From cells to limbs, UK center studies war injuries

A new center at Imperial College London works to understand injuries from explosions and to mitigate their damage. On 7 December the Royal British Legion announced it would put £5 million ($7.8 million) over five years into the new Centre for Blast Injury Studies; it is the first time that the charity, which looks after the interests of veterans, is investing in basic research. Imperial College is providing an additional £3 million, and the UK defense ministry is paying the salaries of participating military surgeons.

The center owes its start to serendipity, says director Anthony Bull, a bioengineer whose expertise is in sports injuries and degeneration of aging joints. A couple of years ago he began collaborating with two military trauma surgeons to look at blast injuries. When a bomb goes off under a vehicle, “there is a very high rate of deformation of the floor pan of the vehicle, which encroaches on the person who might be sitting or standing in the vehicle,” he explains. “The three of us very quickly realized there were things we could do.” They set out to understand the biomechanics and physics of loading effects on the human body. Around the same time, Imperial College scientists set up the Institute of Shock Physics, and some of its physicists are collaborating with the blast injury center. “We found the right people at the right time,” Bull says.

Academic–military alliance

Trauma and orthopedics professor Colonel Jon Clasper, a center cofounder, noted at the center’s launch that “as a result of advances in medical care, we now have a much greater survival rate than we ever did in previous conflict.” That means, he continued, “we have survivors with far more horrific and severe injuries than ever survived before, and it’s now becoming clear that there needs to be a better understanding of the basic science, the fundamental mechanisms, of these injuries, with a view to preventing them in the future or to improving treatment of them.”

The embedding of military researchers in an academic setting gives the center access to clinical records on injuries sustained in the wars in Iraq and Afghanistan. “This is highly unusual and rather important,” says Bull. In addition, the UK’s National Health Service allows for long-term follow-up studies. Research at the center will cover the effects of solid and gas explosions and how to minimize physical and biological damage at the cellular, tissue, organ, and body levels.

Research is a blast

The center’s signature apparatus is the anti-vehicle, underbelly, blast-injury simulator (AnUBIS), a one-of-a-kind simulator of roadside-bomb effects on car occupants. AnUBIS—the Greek name for an ancient Egyptian god of the dead—uses air to pressurize a 45-kg metal plate. When a shear pin fails, the plate shoots up, reaching a peak velocity of up to 25 m/s in 2 ms. The impact characteristics are controlled by varying the diameter and material of the pin. Bull says that 9 m/s “is sufficient to reproduce the battlefield injuries we see.” The researchers characterize the deformation and failure of materials or the damage to cadaver limbs or tissue hit by the metal. AnUBIS is used to validate numerical models and to test mitigation approaches, such as floor coverings, foot coverings, and posture.

Certain injuries are more debilitating than others. Heel injuries, for example, may show only external bruising, says Bull. But many individuals with heel injuries have elective amputations years later, after multiple operations. In contrast, a severe injury to the femur or shin “with lots of bone damage and maybe an open wound,” may be treatable, he says. “So, let’s deflect the energy of a blast to a region of the body that is more amenable to reconstruction.” Deflection can be achieved, he says, by varying the boot material, the heel geometry, the lacing, and the restraint at the top of the boot. “All of those combine to change how the energy is transmitted up the leg.”
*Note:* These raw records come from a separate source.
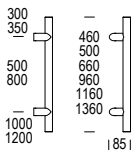

STAINLESS STEEL
ACCIAIO INOX

OFFSET SINGLE PULL HANDLE
MANIGLIONE INCLINATO SINGOLO
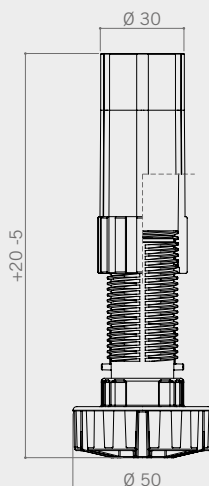

220

H 60/80/85

Adjustable tubes

Tubi regolabili

Tube with standard height adjustment.

Tubo con regolazione normale.

cod. 22061

cod. 22071

cod. 22073

cod. 22072

MOUNTING PRECAUTIONS

PRECAUZIONI DI MONTAGGIO

Height adjustment:
from +30 to -5.

Tubo regolabile in altezza
da +30 a -5.

QUICK INFO

INFORMAZIONI

The tube can be used with all types of Unionplast® bases.

Il tubo può essere utilizzato con tutti i tipi di basette Unionplast®.

CODE CODICE	height altezza (mm)	pieces per box pezzi per scatola (pcs)	weight per box peso per scatola (kg)	box per pallet scatole per palette (pcs)	pieces per pallet pezzi per palette (pcs)
22061	60	750	21	20	15.000
22071	80	600	19	20	12.000
NEW 22073	85	600	18	20	12.000
22072	85	600	17	20	12.000
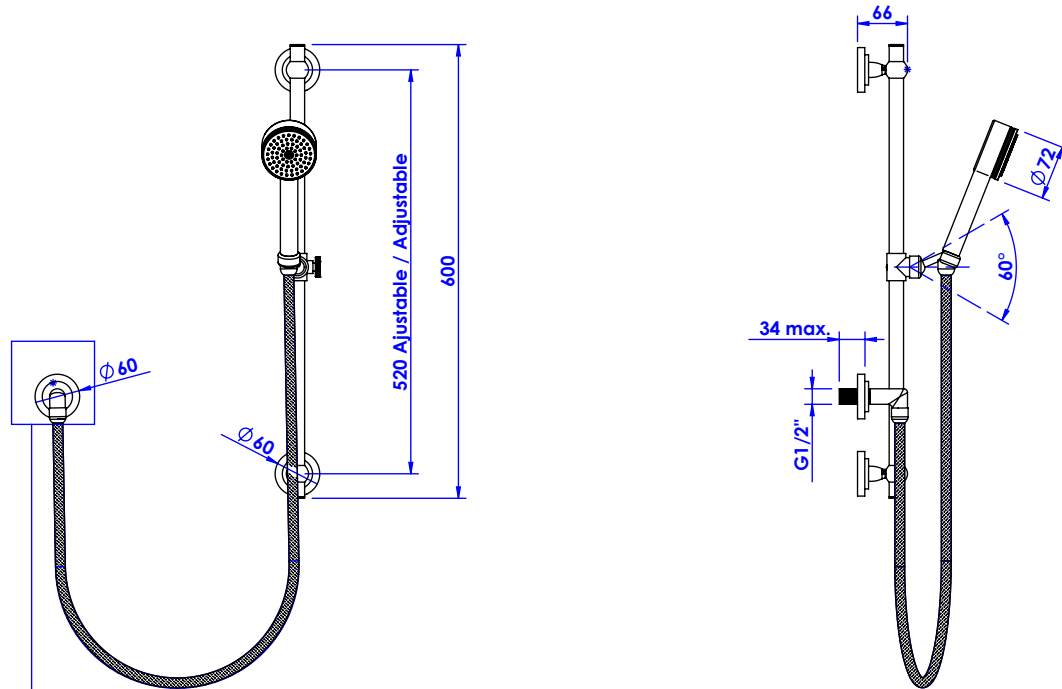

Collections : Star

Couli-douche avec douchette, sortie coudée 1/2" et flexible 150cm.

Wall shower set on sliding bar, with elbow 1/2" and hose 150cm.

Star à manettes Tradition

Ref. C19-2211

Star

Ref. C31-2211

Star Lisse

Ref. C32-2211

Star à Manettes

Ref. C33-2211

Débit / Flow rate : 18l/min (sous 3 bars).
Pression maxi / max pressure : 5 bars.

ø de perçage recommandé / ø recommended drilling :

CRISTAL & BRONZE

PARIS · 1937
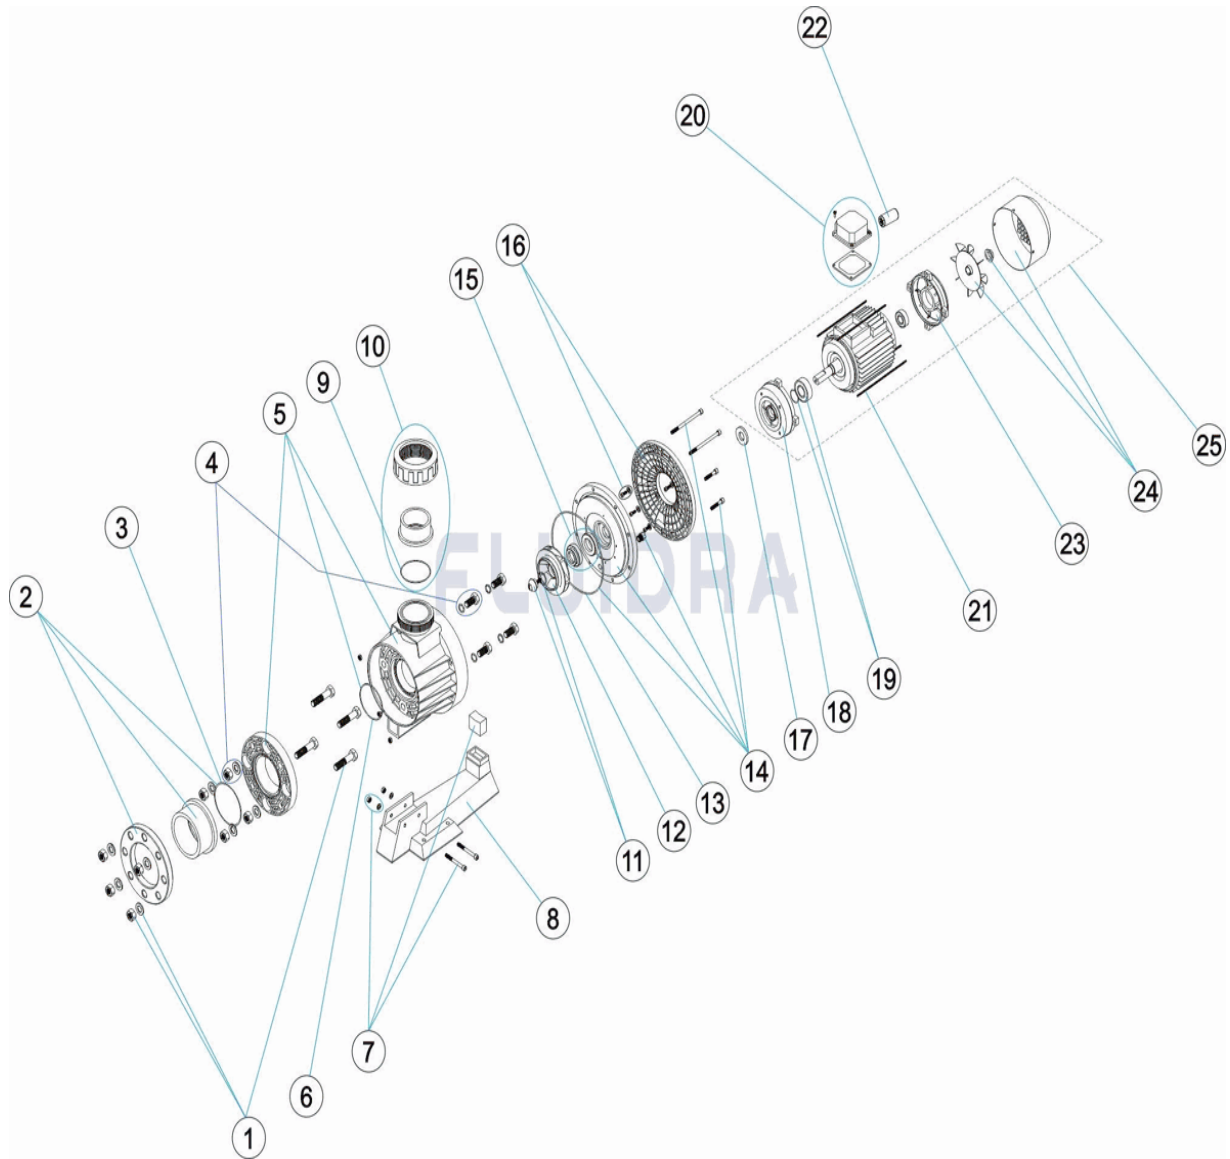

CODIGO 11509, 28566, 28567, 28568, 30774, 31855

DESCRIPCION: BOMBA CONTRAC. IMPUL. VERTICAL 2-2,5-3 II 2,5-3-4,5 III

ESPAÑOL

POS	CODIGO	DESCRIPCION	CANTIDAD	POS	CODIGO	DESCRIPCION	CANTIDAD
1	4405030102	TORNILLERIA ENLACE ASPIRACION		12	* 4405010324	RODETE 4,5 HP III 50 HZ	
2	4405030101	ACCESORIOS ENLACE ASPIRACION D. 11C		12	* 4405030126	RODETE 4,5 HP 60 HZ	
3	4405010377	JUNTA TORICA D 124X3,5		13	4405010378	JUNTA TORICA D 226X6	
4	4405010311	TORNILLERIA CUERPO BOMBA		14	* 4405010334	BRIDA SELLO MECÁNICO 3,5 HP	
5	* 4405010307	CUERPO BOMBA 3,5 HP		14	* 4405010335	BRIDA SELLO MECÁNICO 4,5 - 5,5 HP	
5	* 4405010308	CUERPO BOMBA 4,5 HP		15	4405010322	JUNTA MECÁNICA	
6	4405010376	JUNTA TORICA D 100X4		16	* 4405010332	BRIDA MOTOR 3,5 HP	
7	4405010314	UNIÓN HIDRÁULICA PIE 5,5 HP		16	* 4405010333	BRIDA MOTOR 4,5 - 5,5 HP	
8	4405010315	PIE BOMBA		17	4405010374	ARANDELA DEFLECTORA 24X50X6 4HP	
9	4405030135	JUNTA TORICA D. 93X4		18	* 4405030141	TAPA DELANTERA MOTOR 2 HP	
10	4405030103	ACCESORIOS ENLACE IMPULSION		18	* 4405012215	BRIDA MEC. C,90 B14 RED. C/CAJERA D52 I	
11	4405010338	TAPÓN RODETE		18	* 4405010369	TAPA DELANTERA MOTOR 2,5-3 HP (BONOI	
12	* 4405030123	RODETE 2 HP		18	* 4405010381	TAPA DELANTERA MOTOR 2,5-3 HP (VERNI:

At the cellular level, high-energy trauma can cause bone to form inside muscles. “It is highly painful and causes massive functional deficit,” says Bull, “so even if you salvage the limb, if you end up with this biological response, which is physically driven, you are in severe trouble.” At the center, researchers apply blasts to musculoskeletal stem cells. The aim is to first figure out how and why bone forms in the wrong places, and then to develop pharmacological intervention. Another area of cellular-level research will be blast lung, in which the shock of an explosion damages the lungs, often causing death.

War has historically led to advances in understanding anatomy and in treating trauma. And with the pullout from Afghanistan expected in a couple of years, Bull says, “If we are going to learn from this and perhaps implement some change, we need to do it rather quickly. And we need to be in the position to capture, analyze, and use all the clinical data and follow-up data now for posterity.”